/---

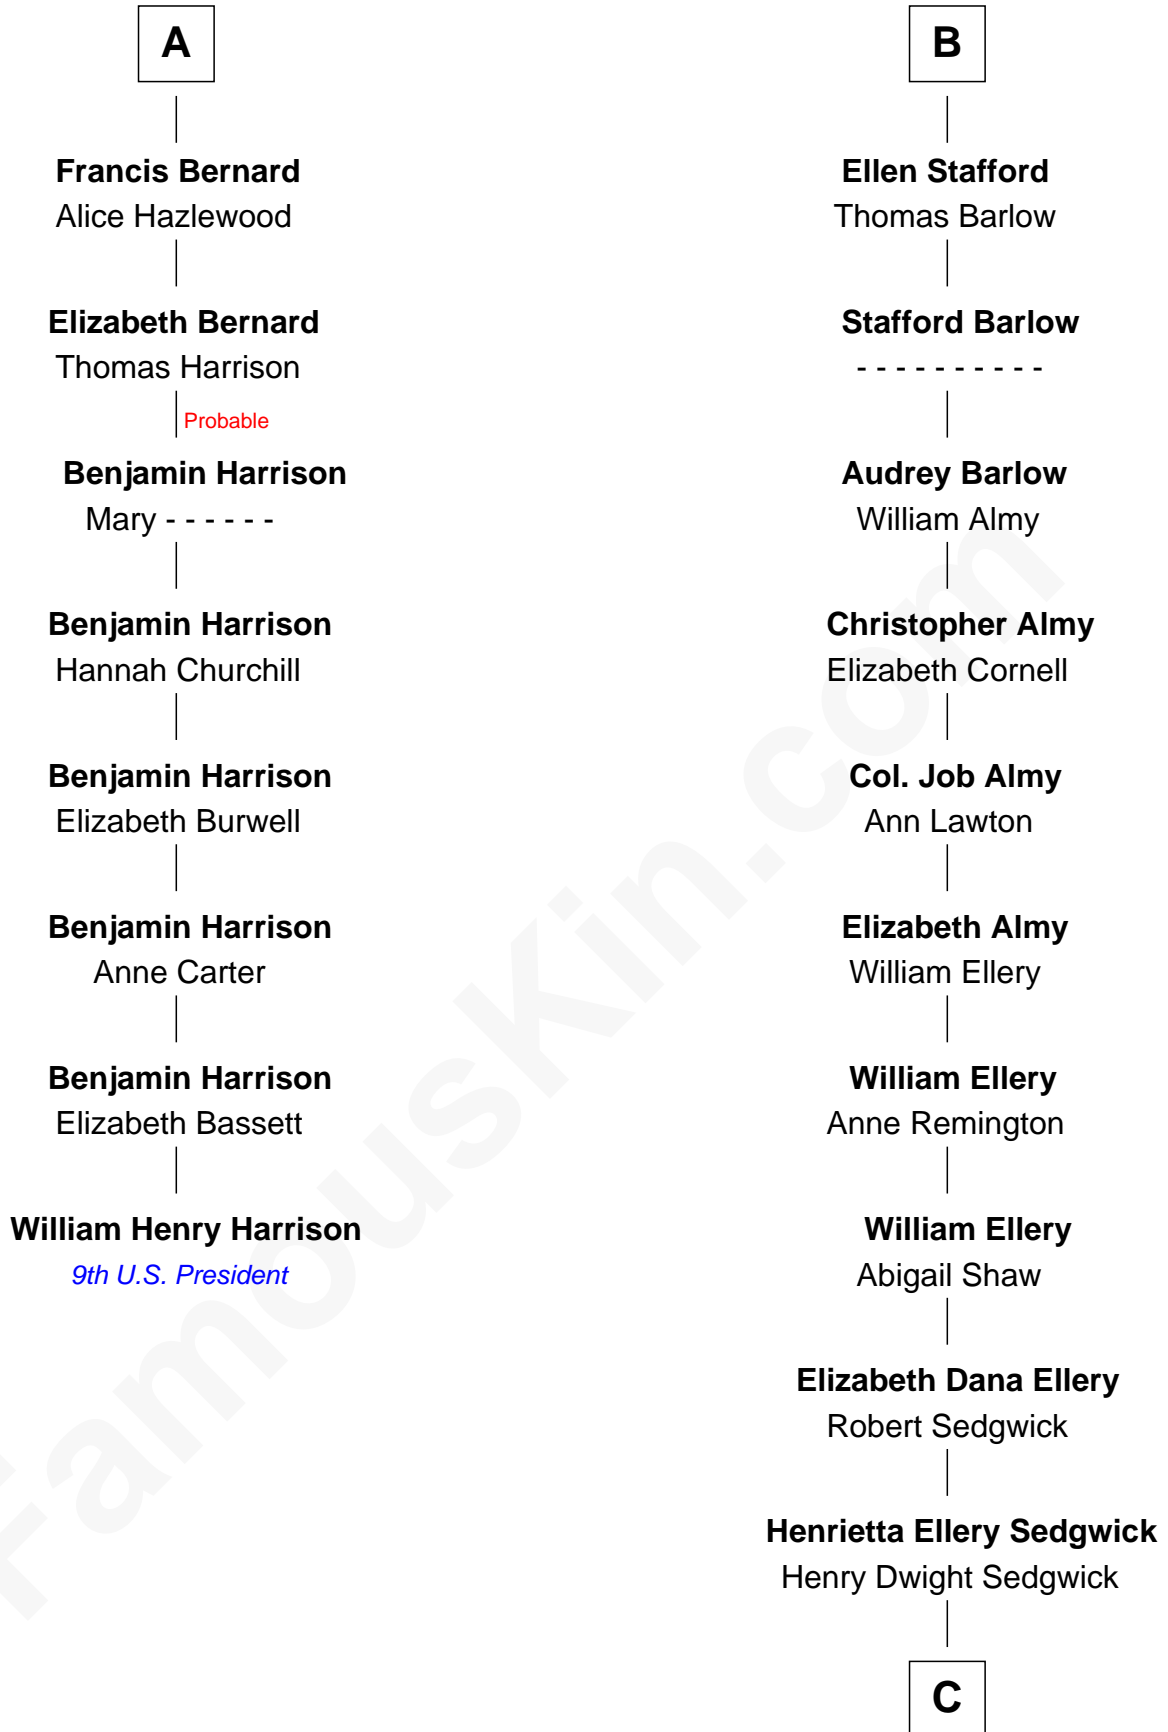

**FamousKin.com**  
**Relationship Chart of**  
**William Henry Harrison**  
*9th U.S. President*

14th cousin 6 times removed of

**Kyra Sedgwick**  
*TV and Movie Actress*

**C**

**Henry Dwight Sedgwick**

Sarah May Minturn

**Robert Minturn Sedgwick**

Helen Peabody

**Henry Dwight Sedgwick**

Patricia Ann Rosenwald

**Kyra Sedgwick**

*TV and Movie Actress*
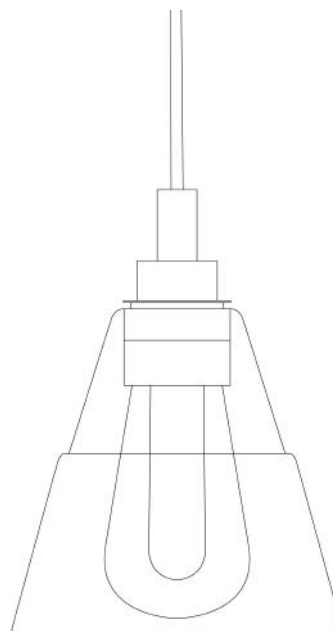

MATERIAL	Brass Aluminium Glass
HEIGHT	23cm 9.06"
WIDTH DIAMETER	18cm 7.09"
LENGTH PROJECTION	n/a
WEIGHT	1.3kg 2.87lb
LAMPHOLDER	E27
MAX WATTAGE	6.5W
VOLTAGE	220/240v
IP RATING	IP65
CLASS PROTECTION	2
SHADE	GL146 GLWP01 x 1
FLEX BAR CHAIN LENGT	100cm 40"
CABLE TYPE	MLOCA002 2 Core Round Black Braid Rubber

MATERIAL	Brass Aluminium Glass
HEIGHT	23cm 9.06"
WIDTH DIAMETER	18cm 7.09"
LENGTH PROJECTION	n/a
WEIGHT	1.3kg 2.87lb
LAMPHOLDER	E27
MAX WATTAGE	6.5W
VOLTAGE	220/240v
IP RATING	IP65
CLASS PROTECTION	2
SHADE	GL146 GLWP02
FLEX BAR CHAIN LENGT	100cm 40"
CABLE TYPE	MLOCA002 2 Core Round Black Braid Rubber

\---

Aim of the task: The lines to copy are those in the listing that contain "SHADE".

Finished task:
SHADE	GL146 GLWP01 x 1
SHADE	GL146 GLWP02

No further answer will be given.